Pedersen Britt Stævnsbo, Kirk Jeanette Wassar, Olesen Maren Kathrine, Grønfeldt Birk Mygind, Stefánsdóttir Nina Thórný, Brødsgaard Rasmus, Tjørnhøj-Thomsen Tine, Nilsen Per, Andersen Ove, Bandholm Thomas, Pedersen Mette Merete
Department of Clinical Research, Copenhagen University Hospital Amager and Hvidovre, Kettegård Alle 30, Hvidovre, 2650, Copenhagen, Denmark.
Department of Endocrinology, Copenhagen University Hospital, Amager and Hvidovre, Denmark.
Pilot Feasibility Stud. 2022 Apr 9;8(1):80. doi: 10.1186/s40814-022-01033-z.
Mobility interventions can prevent functional decline among older patients, but implementation of such interventions may be complicated by barriers in the clinical setting. The WALK-Copenhagen project (WALK-Cph) is aimed at promoting a 24-h mobility among older medical patients during hospitalization. The WALK-Cph intervention was co-designed by researchers and stakeholders to tailor the intervention to the clinical context. The aim of this study was to investigate the feasibility and implementation fidelity of the WALK-Cph intervention before evaluating clinical effectiveness in a randomized controlled trial (ClinicalTrials.gov NCT03825497).
The WALK-Cph intervention consisted of six components: a welcome folder explaining the importance of in-hospital activity, a WALK-plan prescribing up to three daily walking sessions during and after hospitalization, a WALK-path in the hallway that patients were motivated to use daily, exercise posters in the hallways and bedrooms, self-service on beverages and clothes, and discharge with a WALK-plan. The present study reports on phase 2 of WALK-Cph and consists of a feasibility and a fidelity component. The study was conducted at the two WALK-Cph intervention departments after the initiation of the WALK-Cph intervention. A cohort of older medical patients (+65) was recruited for the feasibility study to assess recruitment and data collection procedures and the method for assessment of activity. Simultaneously, implementation fidelity was assessed by observing clinical practice and intervention delivery at the intervention departments.
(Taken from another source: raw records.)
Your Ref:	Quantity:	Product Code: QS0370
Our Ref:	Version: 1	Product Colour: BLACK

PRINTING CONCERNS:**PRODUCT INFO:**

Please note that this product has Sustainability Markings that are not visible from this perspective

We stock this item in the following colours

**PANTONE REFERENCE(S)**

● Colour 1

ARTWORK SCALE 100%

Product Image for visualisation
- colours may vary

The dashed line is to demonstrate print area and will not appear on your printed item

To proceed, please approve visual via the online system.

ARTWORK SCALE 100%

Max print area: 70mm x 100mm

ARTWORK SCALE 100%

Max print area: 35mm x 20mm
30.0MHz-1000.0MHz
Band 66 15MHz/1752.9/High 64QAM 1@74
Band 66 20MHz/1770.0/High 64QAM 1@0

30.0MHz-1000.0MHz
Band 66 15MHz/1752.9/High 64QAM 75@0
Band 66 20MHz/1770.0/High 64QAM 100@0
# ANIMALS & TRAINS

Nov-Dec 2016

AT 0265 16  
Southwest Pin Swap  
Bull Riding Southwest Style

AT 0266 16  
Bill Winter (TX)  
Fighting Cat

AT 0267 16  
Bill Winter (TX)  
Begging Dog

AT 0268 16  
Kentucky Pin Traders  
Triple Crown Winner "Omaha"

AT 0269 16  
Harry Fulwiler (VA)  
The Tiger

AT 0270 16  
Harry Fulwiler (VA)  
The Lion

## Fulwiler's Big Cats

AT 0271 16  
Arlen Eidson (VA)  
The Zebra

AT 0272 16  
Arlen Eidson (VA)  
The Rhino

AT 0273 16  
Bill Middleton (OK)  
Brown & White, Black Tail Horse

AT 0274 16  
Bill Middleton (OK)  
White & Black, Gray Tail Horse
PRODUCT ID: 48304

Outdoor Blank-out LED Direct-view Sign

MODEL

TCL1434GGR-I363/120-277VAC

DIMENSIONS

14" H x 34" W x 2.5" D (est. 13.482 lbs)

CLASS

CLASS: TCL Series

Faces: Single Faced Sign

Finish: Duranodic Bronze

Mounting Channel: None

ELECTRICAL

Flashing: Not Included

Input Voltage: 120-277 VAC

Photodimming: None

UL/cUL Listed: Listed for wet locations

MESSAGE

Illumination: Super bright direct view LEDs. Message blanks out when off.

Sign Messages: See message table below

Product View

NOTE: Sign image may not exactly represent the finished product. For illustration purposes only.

A feasibility cohort of 48 patients was included. Inclusion was considered feasible with recruitment rates between 62% and 70% of all eligible patients. Also, data collection was conducted without obstacles, and all patients accepted to wear activity monitors. The fidelity observations showed that three of the six intervention components were partially implemented as planned whereas three components were not implemented as planned.
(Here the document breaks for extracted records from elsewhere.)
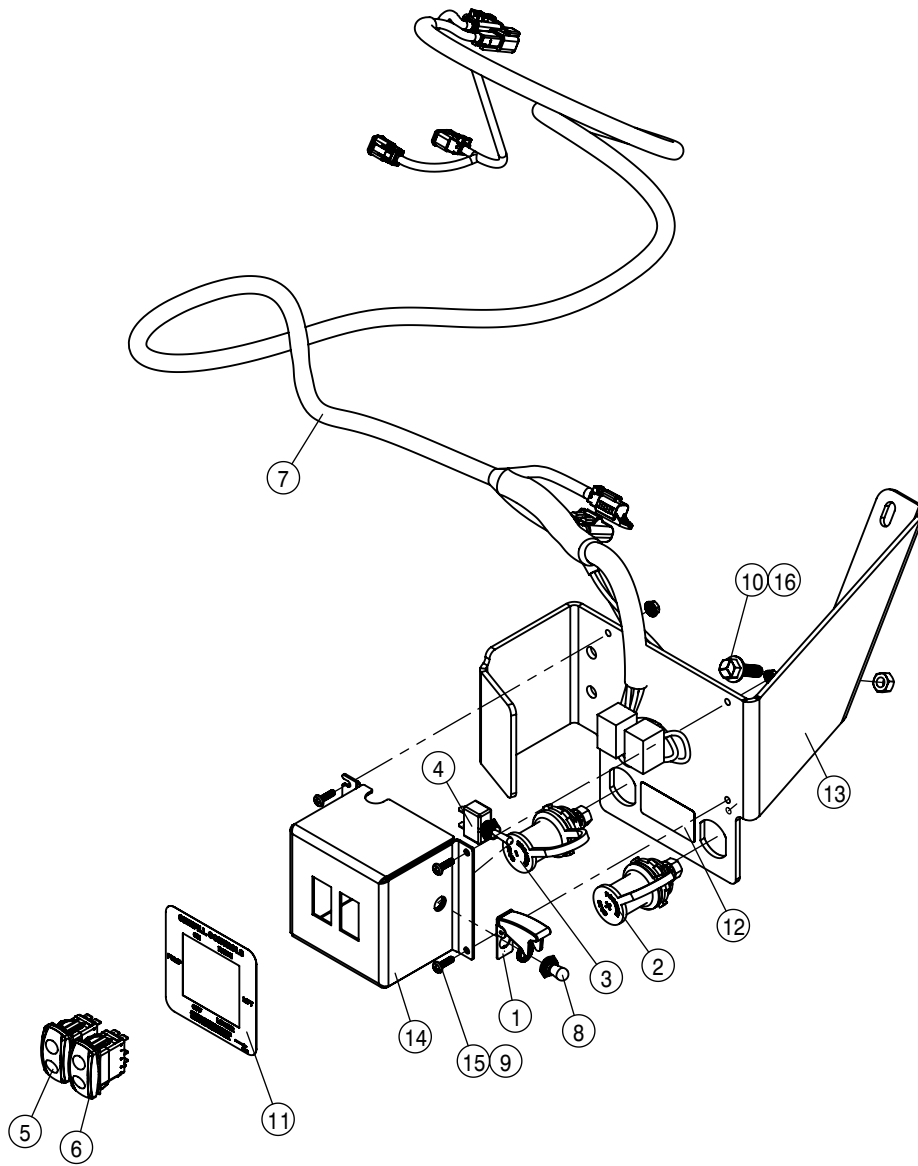

SIDE FILL SWITCH BOX ASSEMBLY			
DET	QTY	P/N	DESCRIPTION
	1	291655	AIRCRAFT TOGGLE SWITCH GUARD
	1	291680	POSITIVE JUMPER STUD, RED
	1	291681	NEGATIVE JUMPER STUD, BLACK
	1	291937	TOGGLE SWITCH, SPST
	1	292226	SWITCH - SIDEFILL PUMP SPEED
	1	292367	SWITCH - SIDEFILL CYLINDER
	1	294230	SIDE FILL HARNESS
	1	470001	RUBBER BOOT AND NUT FOR 298012
	4	470175	10-32 SERR FLANGE NUT
	1	470329	3/8UNC X 1 1/4 HHSFB GR5 MC
	1	650155	DECAL, SIDEFILL CTRL STS 05
	1	650516	FRT/SIDE FILL PANEL DECAL
	1	691061	SIDEFILL SWITCH BOX MT W/DECAL
	1	691371	SIDE FILL SWITCH BOX, STS' 16
	4	903710	#10-32 UNF X 5/8 PHMS PH BZ
	1	914004	3/8-16UNC STOVER NUT MC GR5
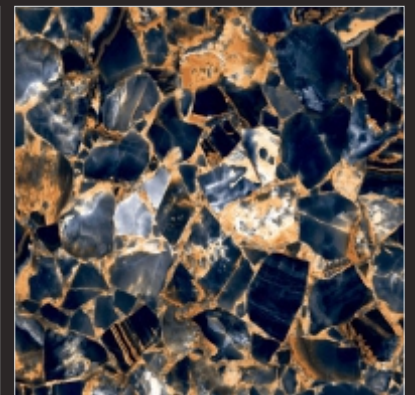

600x
600_{mm}

DIGITAL GLAZED
VITRIFIED TILES

HI-GLOSS
SERIES

P
G
V
T
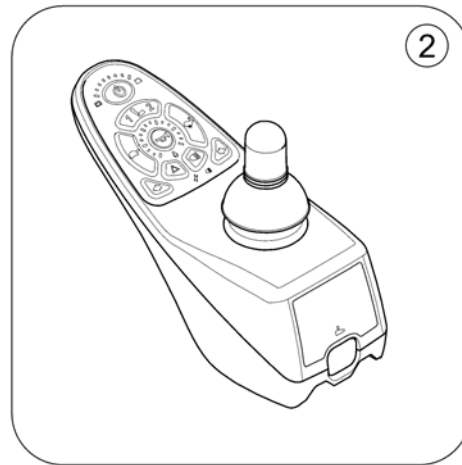

Remotes

1590135.iso

Pos.	Part number	Description	Valid from → until	Qty
-	-	A-Series 1136742 no longer available.	→ 2010-08-19	0
1	1492567	Remote DK-REM D01, Shark2 (Drive only)	2010-08-20 →	1

Remotes

1579646 iso

The WALK-Cph intervention was found feasible, and although the intervention was not implemented with fidelity, the level of fidelity was considered sufficient to continue with further testing of the WALK-Cph intervention in a large-scale trial.
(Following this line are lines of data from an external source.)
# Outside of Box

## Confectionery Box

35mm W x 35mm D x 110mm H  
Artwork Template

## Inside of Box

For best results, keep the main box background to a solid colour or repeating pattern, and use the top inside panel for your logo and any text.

ClinicalTrials.gov NCT03825497 (retrospectively registered). Protocol PubMed ID (PMID): 29523569.
运动干预可预防老年患者功能衰退,但在临床环境中实施此类干预可能会因各种障碍而变得复杂。哥本哈根步行项目(WALK-Cph)旨在促进老年内科住院患者24小时的活动能力。WALK-Cph干预措施是由研究人员和利益相关者共同设计的,以使其适应临床环境。本研究的目的是在一项随机对照试验(ClinicalTrials.gov NCT03825497)中评估临床疗效之前,调查WALK-Cph干预措施的可行性和实施保真度。
WALK-Cph干预措施包括六个部分:一个解释住院期间活动重要性的欢迎文件夹、一份规定住院期间及出院后每天最多进行三次步行活动的步行计划、一条鼓励患者每天使用的走廊步行路径、走廊和病房里的运动海报、饮料和衣物自助服务以及携带步行计划出院。本研究报告了WALK-Cph的第二阶段,包括可行性和保真度两个部分。该研究在WALK-Cph干预措施启动后,于两个干预科室进行。招募了一组老年内科患者(65岁以上)进行可行性研究,以评估招募和数据收集程序以及活动评估方法。同时,通过观察干预科室的临床实践和干预措施的实施情况来评估实施保真度。
纳入了一个由48名患者组成的可行性队列。所有符合条件患者的招募率在62%至70%之间,纳入被认为是可行的。此外,数据收集没有障碍,所有患者都同意佩戴活动监测器。保真度观察表明,六个干预部分中有三个部分按计划部分实施,而有三个部分未按计划实施。
发现WALK-Cph干预措施是可行的,尽管干预措施的实施不完全保真,但保真度水平被认为足以在大规模试验中继续对WALK-Cph干预措施进行进一步测试。
ClinicalTrials.gov NCT03825497(追溯注册)。方案PubMed ID(PMID):29523569。